Mid-market more profitable, report says
New Zealand's medium-sized companies have become more profitable, financier GE Capital says in its latest Mid-Market Report.
Defined as businesses with turnover of $2 million to $50m, the country's 21,000 mid-market companies are estimated to contribute about $60 billion and 417,100 jobs to the New Zealand economy.
See the mid-market insights and trends here
Within the sector the average profit margin was 7.8 per cent in 2011, up from 6.8 per cent in 2010.
The number of mid-market companies also grew by 520 or 2.5 per cent in 2011, compared with an overall reduction in the number of New Zealand businesses of 2240 or 0.5 per cent.
While the mid-market makes up only 4.8 per cent of all New Zealand enterprises, it contributes just under a third of total economic value and fulltime employment, GE said.

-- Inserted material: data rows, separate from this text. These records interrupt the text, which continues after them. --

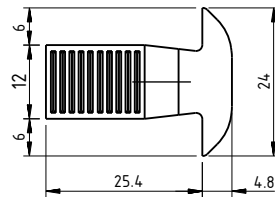

**Descripción :**

Contra embutida para linea eurovent premium S - 80.

**Características :**

- Contra fabricada en zamak.
- Gancho de acero.

**Aplicación :**

Cuprum: S - 80.  
Indalum: -  
Española: -

**Medidas:**

**Piezas**  
1 Cuerpo contra.  
1 Gancho.

**Materiales**  
Zamak.

**Acabados**  
Tropicalizado.

**Empaquetado**

Qty: 1 pz

**Observaciones:** Herramientas no incluido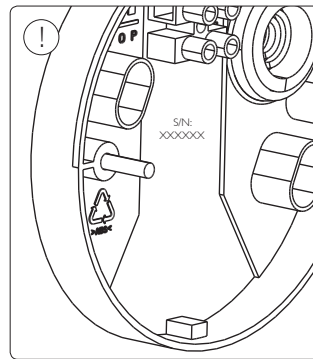

17439/\*\*/P7

Gebruiksaanwijzing  
Notice d'emploi  
Benutzerhandbuch  
User manual  
Manual de usuario

**PHILIPS**

[www.meethue.com/getstarted](http://www.meethue.com/getstarted)

Signify  
I.B.R.S. / C.C.R.I. Numéro 10461  
5600 VB Eindhoven, the  
Netherlands  
☎ 00800-74454775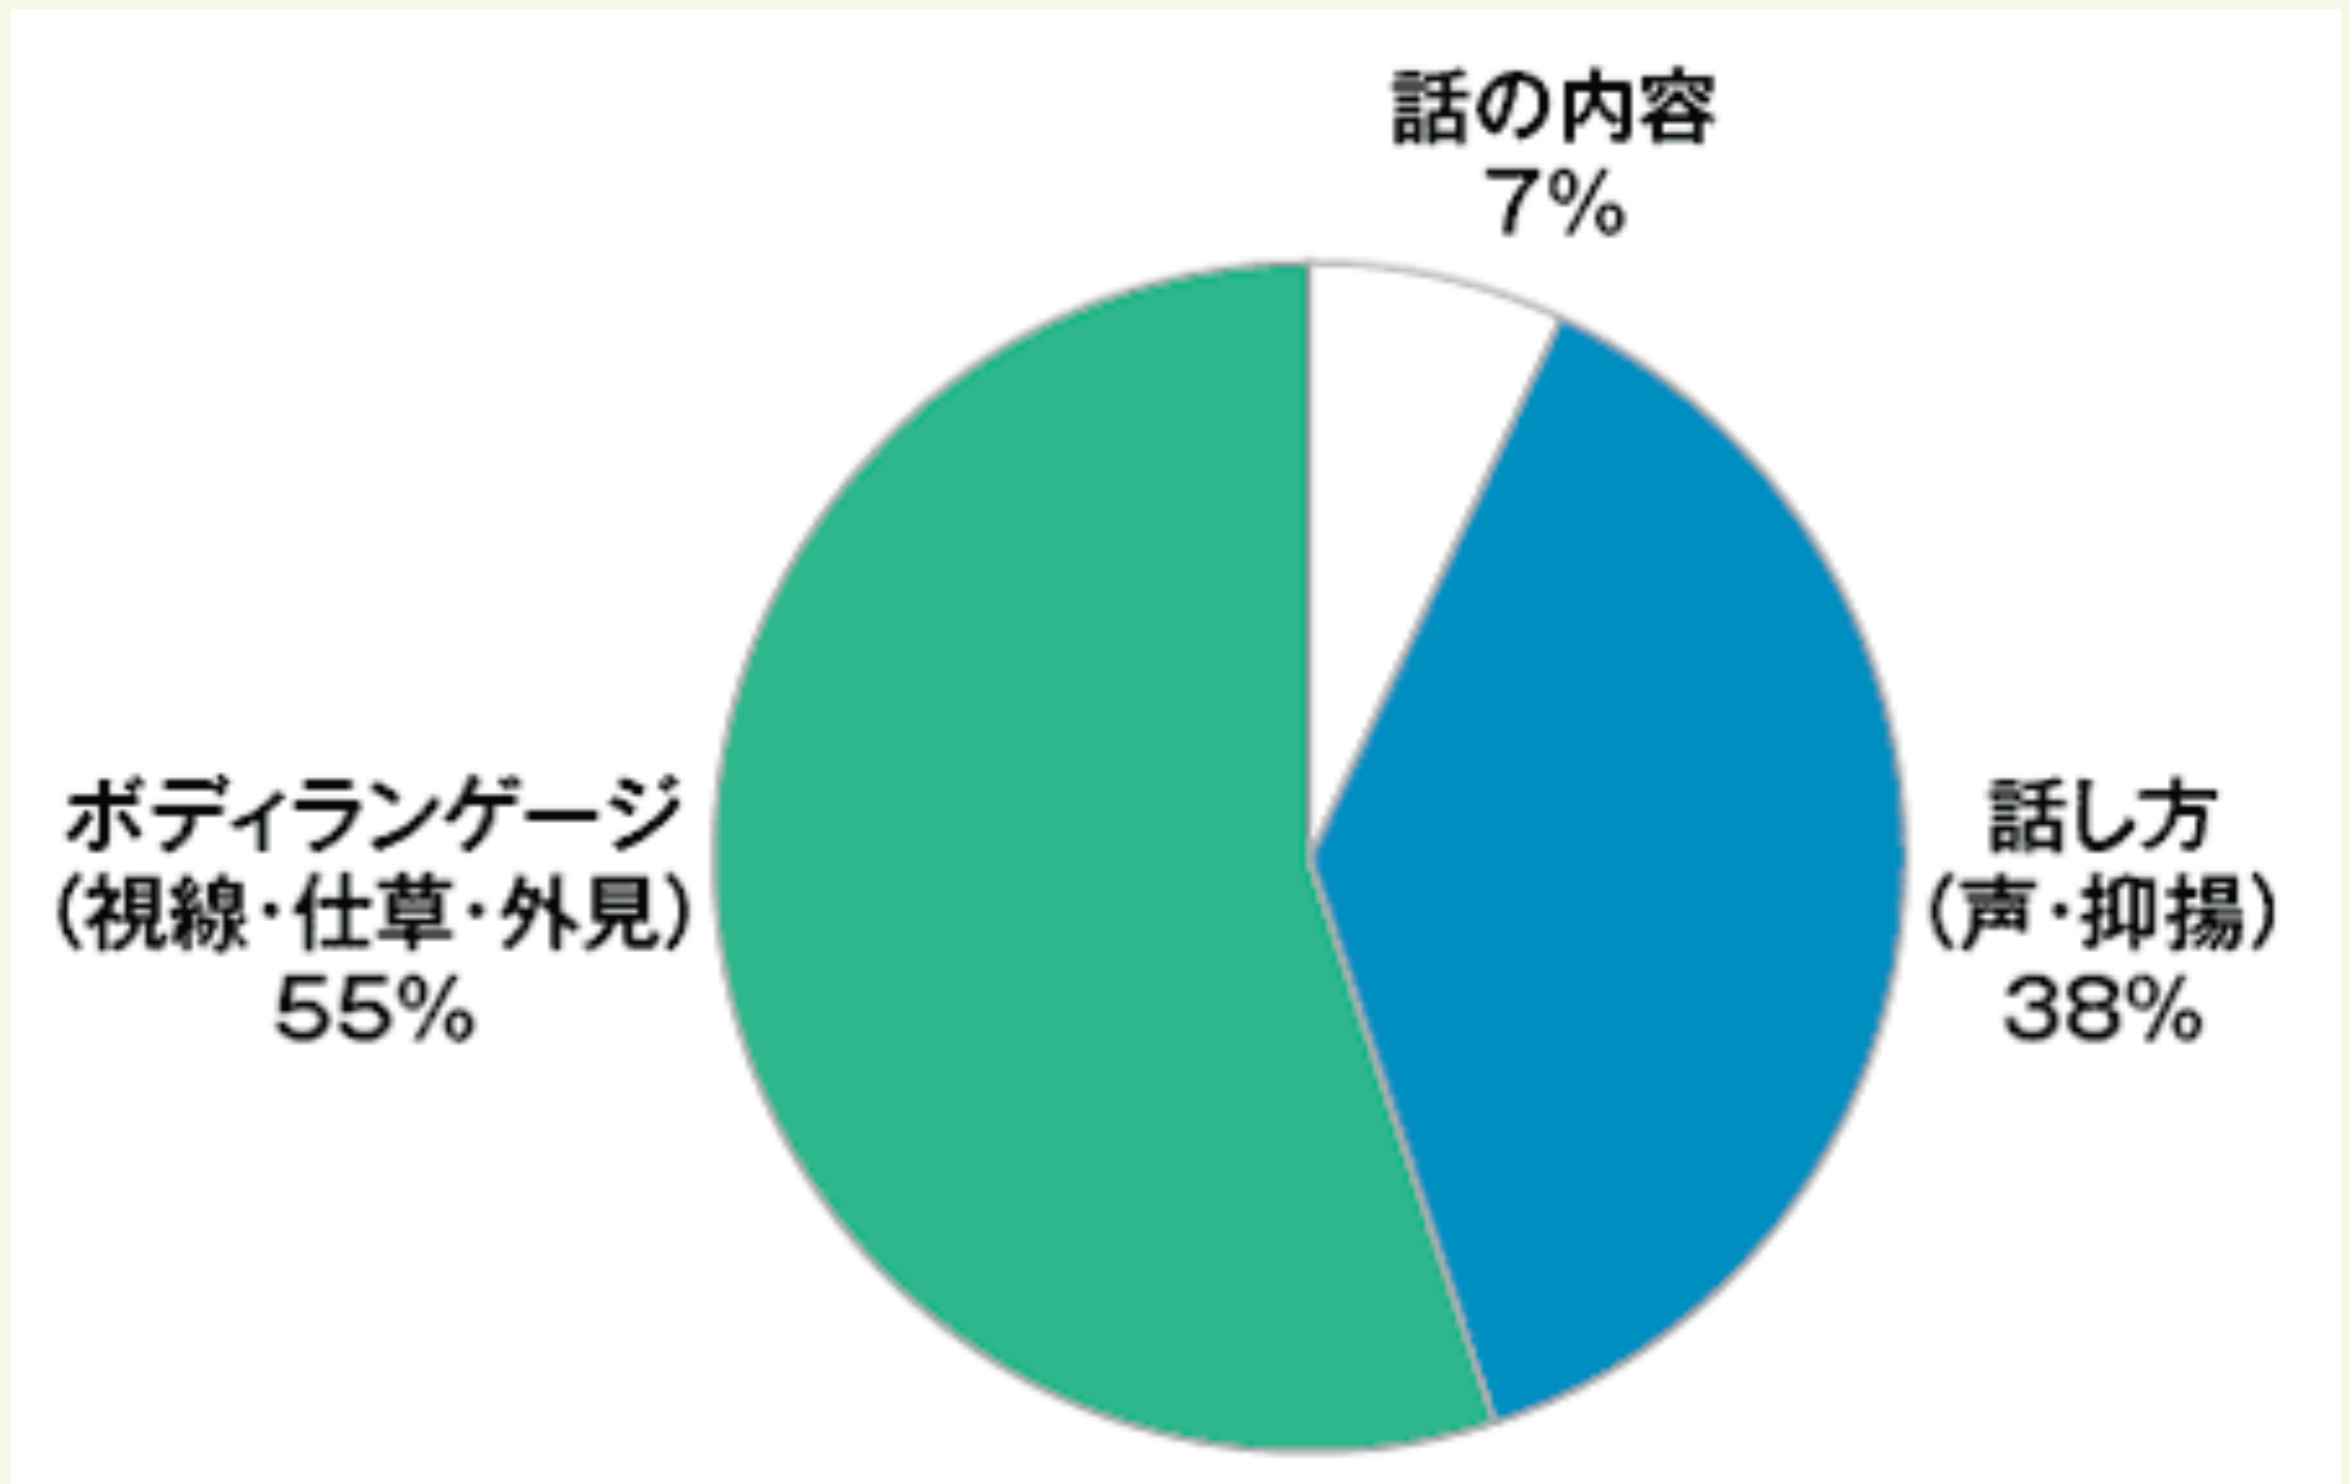

コミュニケーション

友達と話しをする時に 何が重要かな？

話の内容は・・・

話し方（声・抑揚）は・・・

ボディランゲージ（視線・仕草）は・・・

メラビアンの法則

アルバート・メラビアン (Albert Mehrabian、1939年 -) はアメリカ合衆国の心理学者

どれが一番怒ってる？

"If the mid-market succeeds, New Zealand succeeds," Greg White, GE Capital chief operating officer, said. "This sector is vital to New Zealand's future growth and it continues to be the cornerstone of the economy, contributing ... one in three fulltime equivalent jobs.
However, succession planning remains a significant concern for the mid-market, with few firms having formal plans in place and many relying on a single person's vision, he said.
Most of the increase in the number of medium-sized firms was in the agriculture, forestry and fishing industries, GE said. The number of small firms in these industries fell, which may indicate firms growing in size or merging.